O que deve se perceber, é que tanto a democracia definida na cidade de La Baule como aquela definida por Washington e Londres, é definida num mesmo quadro de neocolonização e dominação do continente Africano. Com a situação unipolar causada pelo fim da Guerra fria, as elites Africanas no poder, foram obrigadas desde então, a transformar-se em democratas circunstanciais, sem perceber os requisitos do jogo democrático. Todos se reclamaram de democratas e em todo lado começaram a prometer aos eleitores o estabelecimento do sistema democrático de governação. O que se verifica na realidade, no terreno é que o tema é mais falado só durante as campanhas eleitorais, mas depois da vitoria, o tema incomoda os vitoriosos e nunca mais querem ouvir de democracia.

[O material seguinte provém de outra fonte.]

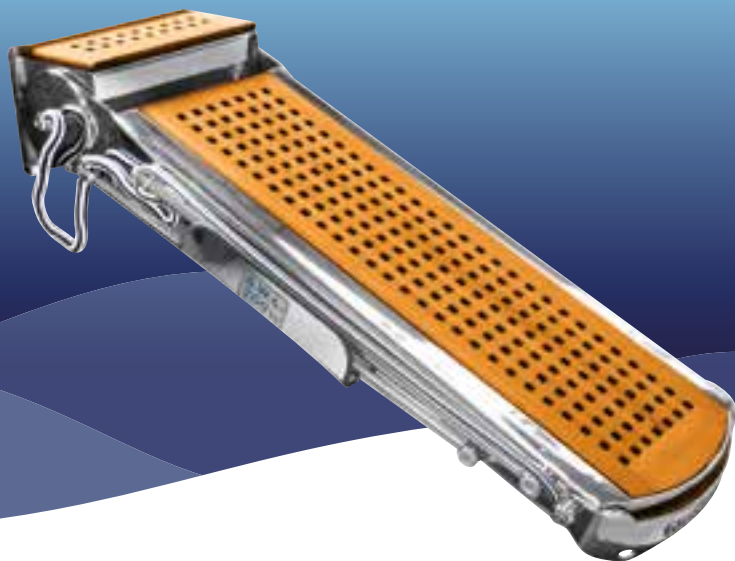

## STAINLESS STEEL TRANSOM "FREE STERN PLATFORM" 4999

| model   | X (mm/inch) | Y (mm/inch) | $\alpha$ | $\beta$ | loading standard (kg/lbs) | weight (kg/lbs) |
|---------|-------------|-------------|----------|---------|---------------------------|-----------------|
| 4999/20 | 2045 81"    | 1375 54"    | 90°      | 88°     | 250 550                   | 112 250         |
| 4999/24 | 2425 95"    | 1575 62"    | 90°      | 88°     | 230 510                   | 135 300         |
| 4999/27 | 2715 107"   | 1735 68"    | 90°      | 88°     | 200 440                   | 152 335         |
| 4999/30 | 3040 120"   | 1890 74"    | 90°      | 88°     | 170 380                   | 169 370         |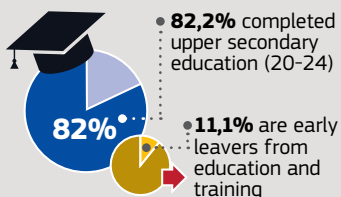

EDUCATION

— • EU —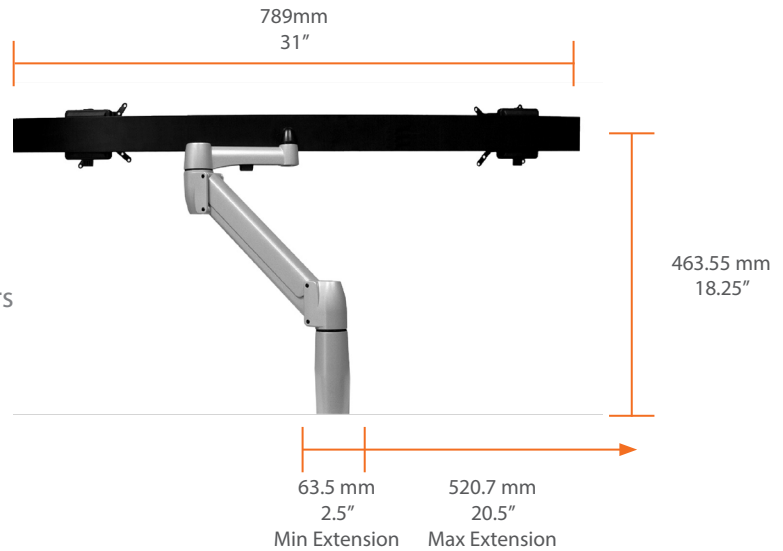

Long SpaceArm

SX01

Available weight ranges:
0.9-4.53kg 2.67-7.25kg or 6.80-13.6kg
2-10lbs. 5-16lbs. or 15-30lbs.

Long XP SpaceArm

SX01XP

Available weight ranges:
0.9-4.53kg 2.67-7.25kg or 6.80-13.6kg
2-10lbs. 5-16lbs. or 15-30lbs.

SpaceArm

Stubby SpaceArm
8" Extension Piece
ST01X8

Stubby Plus SpaceArm
8" Extension Piece
SP01X8

SpaceArm

Single Arm Multi-Mount SMM12QC/SA01NK

Length of extrusion: 789mm (31")
Fits 2 x 609.6mm (24") widescreen monitors

Available weight ranges:
0.9-4.53kg 2.67-7.25kg or 6.80-13.6kg
2-10lbs. 5-16lbs. or 15-30lbs.

Dual Monitor Multi-Mount SMM22QC/SA02NK

Length of extrusion: 789mm (31")
Fits 2 x 609.6mm (24") widescreen monitors

Available weight ranges:
0.9-4.53kg 2.67-7.25kg or 6.80-13.6kg
2-10lbs. 5-16lbs. or 15-30lbs.

Three Monitor Multi-Mount SMM23QC/SA02NK

Length of extrusion: 1372mm (54")
Fits 2 x 609.6mm (24") widescreen monitors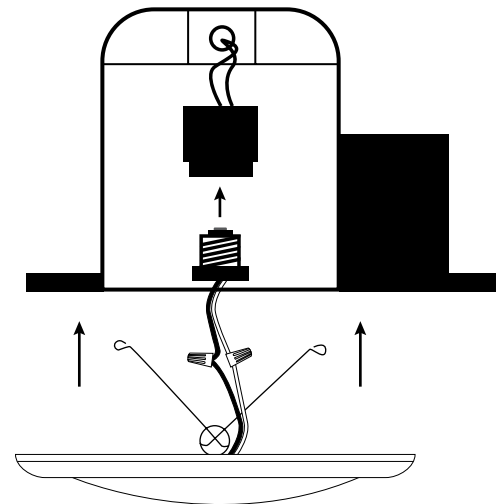

Dimensions:

4" Disk — 10 Watts

6" Disk — 15 Watts

Install Guide:

Standard Installation

Additional Installation Option (ESL-DSK-6-ACCS-3)*

*ESL-DSK-6-ACCS-3 Option sold separately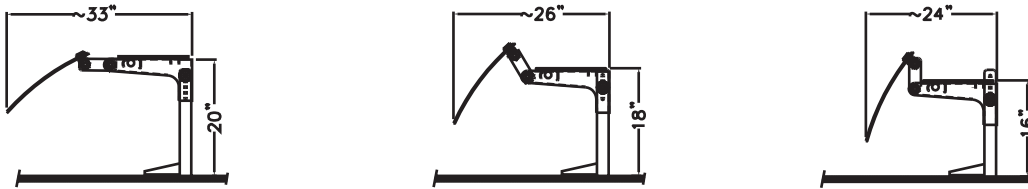

STANDARD SPECIFICATIONS & FINISHES

SOME POSSIBLE CONFIGURATIONS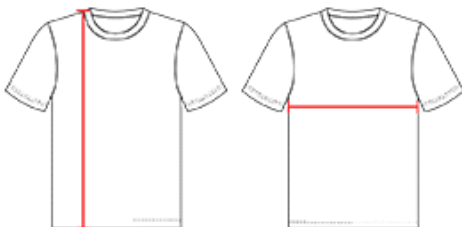

#220200 **YOUTH** LINK YOUTH TEE

- 100% polyester moisture management/antimicrobial performance fabric
- Sublimated back body
- Badger sport shoulder for maximum movement
- Self-fabric collar
- Double-needle hem
- Badger heat seal logo on left sleeve

COLORS

SPECIFICATIONS

| Color | XS | S | M | L | XL |
|---|------|------|------|------|------|
| Piece Weight measured in pounds | 0.25 | 0.25 | 0.25 | 0.25 | 0.25 |
| Spec Body Length measured in inches | 21 | 23 | 25 | 26 | 27 |
| Spec Chest Width measured in inches | 15 | 16 | 17 | 18 | 19 |
| Case Count # of units per case | 36 | 36 | 36 | 36 | 36 |

HOW TO MEASURE

These product specifications reference a product's measurements. For sizing information and guidance, please reference our sizing charts.

BODY LENGTH

Measured on the front from the shoulder/neck intersection to the bottom of the garment.

CHEST WIDTH

Measured across the chest, 1" below the armhole seam.

Qual é a razão deste comportamento pelos nossos políticos? Das duas uma, ou não sabem o significado do que é a democracia ou não acreditam na sua implementação nos seus respetivos países. É mesmo comum ouvir os governantes a dizer a democracia não é para Africa, sem argumentos convincentes. Centramos a reflexão deste artigo nesta pergunta, com finalidade de encontrar uma resposta que poderá alimentar o debate neste assunto de suma importância, sendo a democracia hoje utilizado como o benchmark para o progresso de cada nação, mas antes definimos, o que é a democracia hoje em dia?
O que é a democracia?
“Demos” significa o povo, e “Kratos”, significando de outro lado o poder. È a combinação destas duas palavras gregas que deu origem da palavra, democracia que significa o poder de povo. Mas como no mundo tudo evolui, o sentido semântico da palavra democracia, ao travessar a fronteira grega para outros países, e particularmente para o ocidente ganhou outro sentido. Segundo, o economista Joseph A. Schumpeter, na sua obra, “Capitalismo, Socialismo e Democracia”, definindo o sentido clássico de democracia no seculo XVIII disse que: “O método democrático é o arranjo institucional para se chegar a decisões politicas que concretiza o bem comum fazendo com que o próprio povo decida as questões através da eleição de indivíduos que são reunidos para implementar a sua vontade.”¹; escrevendo, na mesma obra, sobre o mesmo processo democrático acrescentou que: “O método democrático é esse arranjo institucional para se chegar a decisões politicas em que os indivíduos adquirem o poder de decidir por meio de uma luta competitiva pelo voto do povo.”² Tanto o bem comum como a luta competitiva caem dentro do quadro operacional da democracia.
Numa recente obra, ainda por traduzir, intitulado: “Imperio da Democracia, a reconstrução do ocidente desde a Guerra Fria: 1971- 2017”, o cientista politico Americano, Simon Reid-Henry, citando o jurista Hans Kelsen escreveu que: “A democracia moderna é a restrição da liberdade pela lei perante a qual todos os sujeitos são iguais” ³ O que Hans queria nos mostrar nesta citação é o carater de igualdade perante a lei nos regimes democráticos mas também que nos regimes democrático ninguém pode fazer aquilo que quiser, se faz aquilo que é permitido pela lei. Simon nos ensinou, na sua obra, da evolução semântica do conceito da democracia nestes termos: “Reconhecer que a democracia poderia ser uma coisa diferente em tempos diferentes, é reconhecer que é ambos recente e mais frágil que podemos o imaginar. A nossa democracia liberal não tem quase nada em comum com a democracia clássica de Atena. … Mas se a democracia muda de acordo com o tempo ela muda também de um lugar ao outro” ⁴.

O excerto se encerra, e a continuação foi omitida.